Top of Source data
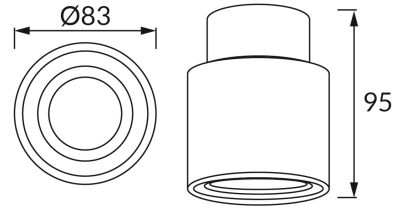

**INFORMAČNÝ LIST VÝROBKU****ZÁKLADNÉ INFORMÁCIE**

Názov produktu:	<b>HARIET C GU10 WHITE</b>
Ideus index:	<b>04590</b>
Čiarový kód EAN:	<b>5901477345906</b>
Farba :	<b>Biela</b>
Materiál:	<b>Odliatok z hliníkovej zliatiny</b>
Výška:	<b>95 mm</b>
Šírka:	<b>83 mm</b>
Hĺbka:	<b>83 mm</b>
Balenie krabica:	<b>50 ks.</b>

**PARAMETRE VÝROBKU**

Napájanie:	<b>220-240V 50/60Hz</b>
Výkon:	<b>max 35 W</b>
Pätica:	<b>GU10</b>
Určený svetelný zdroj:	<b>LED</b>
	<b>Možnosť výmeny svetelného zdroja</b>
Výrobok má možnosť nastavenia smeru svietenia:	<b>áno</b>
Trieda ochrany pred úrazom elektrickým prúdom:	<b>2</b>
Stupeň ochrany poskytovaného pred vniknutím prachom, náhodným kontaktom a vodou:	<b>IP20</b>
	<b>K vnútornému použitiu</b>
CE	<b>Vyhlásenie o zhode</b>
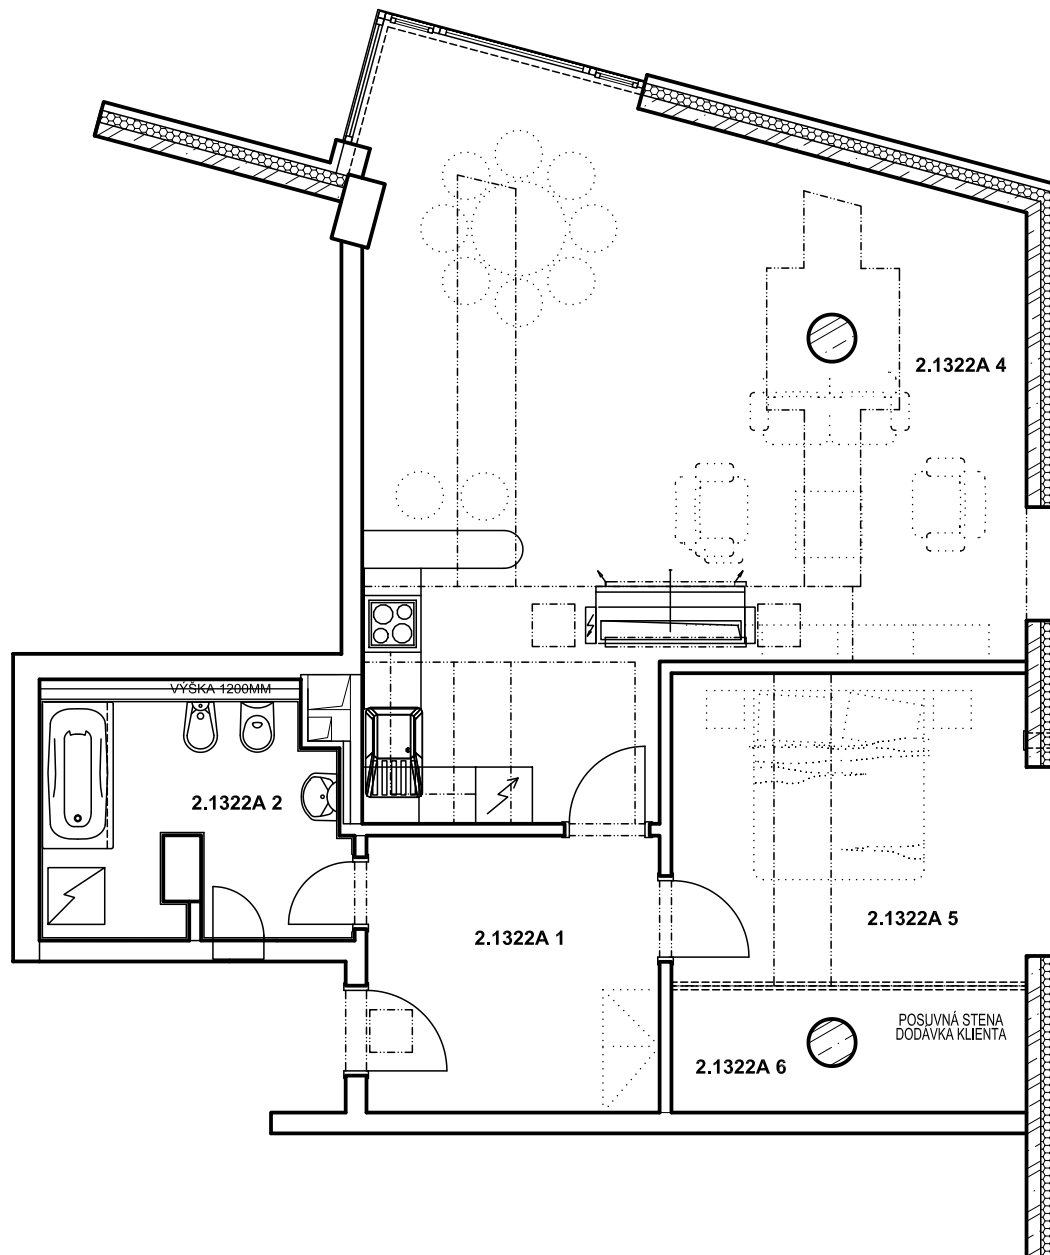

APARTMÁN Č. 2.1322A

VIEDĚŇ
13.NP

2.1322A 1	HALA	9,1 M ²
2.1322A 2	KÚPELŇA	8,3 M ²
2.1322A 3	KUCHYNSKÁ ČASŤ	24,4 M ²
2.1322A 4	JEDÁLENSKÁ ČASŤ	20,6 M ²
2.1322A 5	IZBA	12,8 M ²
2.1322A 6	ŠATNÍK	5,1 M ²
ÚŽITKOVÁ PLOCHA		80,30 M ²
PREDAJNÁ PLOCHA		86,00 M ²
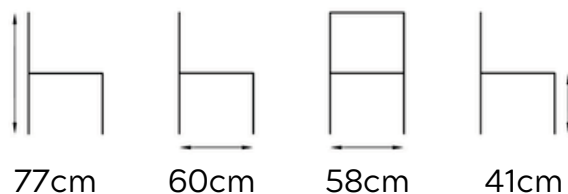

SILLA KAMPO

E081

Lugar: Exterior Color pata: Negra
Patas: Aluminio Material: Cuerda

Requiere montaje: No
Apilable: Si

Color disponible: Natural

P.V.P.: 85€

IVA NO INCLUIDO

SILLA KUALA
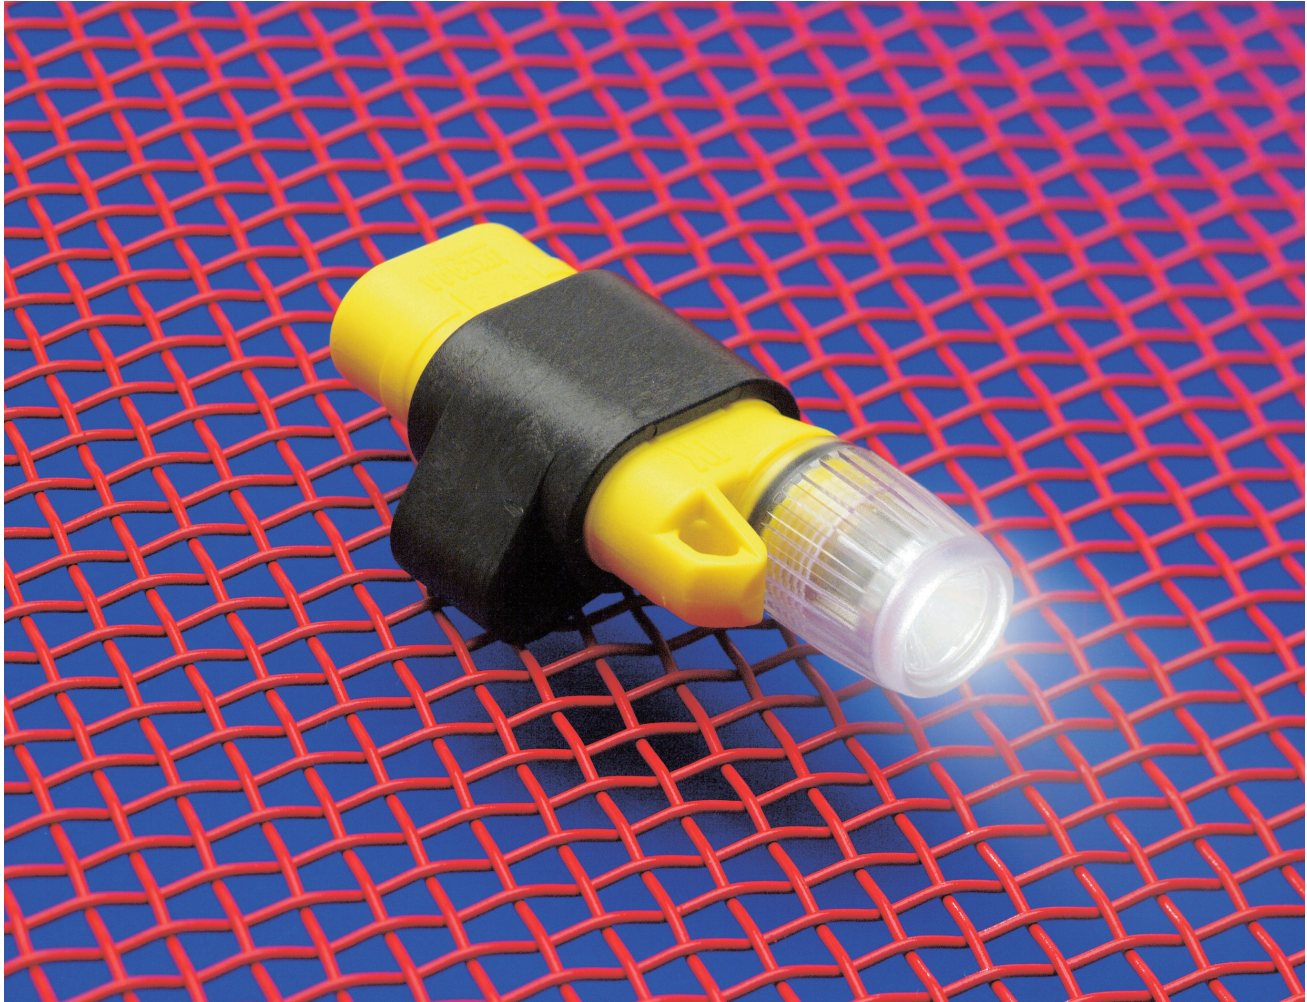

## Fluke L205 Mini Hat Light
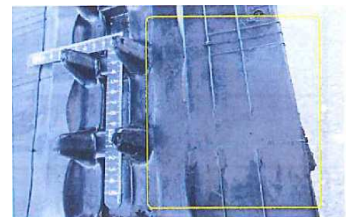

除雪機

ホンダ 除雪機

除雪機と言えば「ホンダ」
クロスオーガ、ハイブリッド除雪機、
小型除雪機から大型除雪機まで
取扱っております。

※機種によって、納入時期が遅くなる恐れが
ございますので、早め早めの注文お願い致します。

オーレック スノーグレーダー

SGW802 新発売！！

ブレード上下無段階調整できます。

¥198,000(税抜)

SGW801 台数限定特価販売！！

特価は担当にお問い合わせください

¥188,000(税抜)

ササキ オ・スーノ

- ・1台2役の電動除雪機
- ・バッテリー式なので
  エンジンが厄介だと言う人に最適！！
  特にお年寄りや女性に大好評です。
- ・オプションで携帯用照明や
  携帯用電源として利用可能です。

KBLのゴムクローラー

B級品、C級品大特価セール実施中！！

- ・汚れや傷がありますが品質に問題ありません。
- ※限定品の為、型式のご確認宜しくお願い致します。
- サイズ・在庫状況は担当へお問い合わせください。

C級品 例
Bottom of Source data
Top of Source data
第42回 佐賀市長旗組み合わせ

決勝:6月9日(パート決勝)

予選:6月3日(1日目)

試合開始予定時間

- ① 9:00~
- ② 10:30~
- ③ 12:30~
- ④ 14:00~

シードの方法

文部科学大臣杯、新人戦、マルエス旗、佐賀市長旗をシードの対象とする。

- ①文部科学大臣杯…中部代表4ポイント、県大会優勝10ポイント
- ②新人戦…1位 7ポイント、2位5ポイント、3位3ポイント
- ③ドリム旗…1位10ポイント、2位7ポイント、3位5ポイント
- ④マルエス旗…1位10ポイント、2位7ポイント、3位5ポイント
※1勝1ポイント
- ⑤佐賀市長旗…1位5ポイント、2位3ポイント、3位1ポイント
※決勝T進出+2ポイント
Bottom of Source data
(Problem description) Write back the stretch of lines above that begins with the line holding "Apilable: Si" and ends with the line holding "- ・オプションで携帯用照明や", both included, exactly as written. Pictures stay out.

(Response to this task)
Apilable: Si

Color disponible: Natural

P.V.P.: 85€

IVA NO INCLUIDO

SILLA KUALA

## Fluke L205 Mini Hat Light

除雪機

ホンダ 除雪機

除雪機と言えば「ホンダ」
クロスオーガ、ハイブリッド除雪機、
小型除雪機から大型除雪機まで
取扱っております。

※機種によって、納入時期が遅くなる恐れが
ございますので、早め早めの注文お願い致します。

オーレック スノーグレーダー

SGW802 新発売！！

ブレード上下無段階調整できます。

¥198,000(税抜)

SGW801 台数限定特価販売！！

特価は担当にお問い合わせください

¥188,000(税抜)

ササキ オ・スーノ

- ・1台2役の電動除雪機
- ・バッテリー式なので
  エンジンが厄介だと言う人に最適！！
  特にお年寄りや女性に大好評です。
- ・オプションで携帯用照明や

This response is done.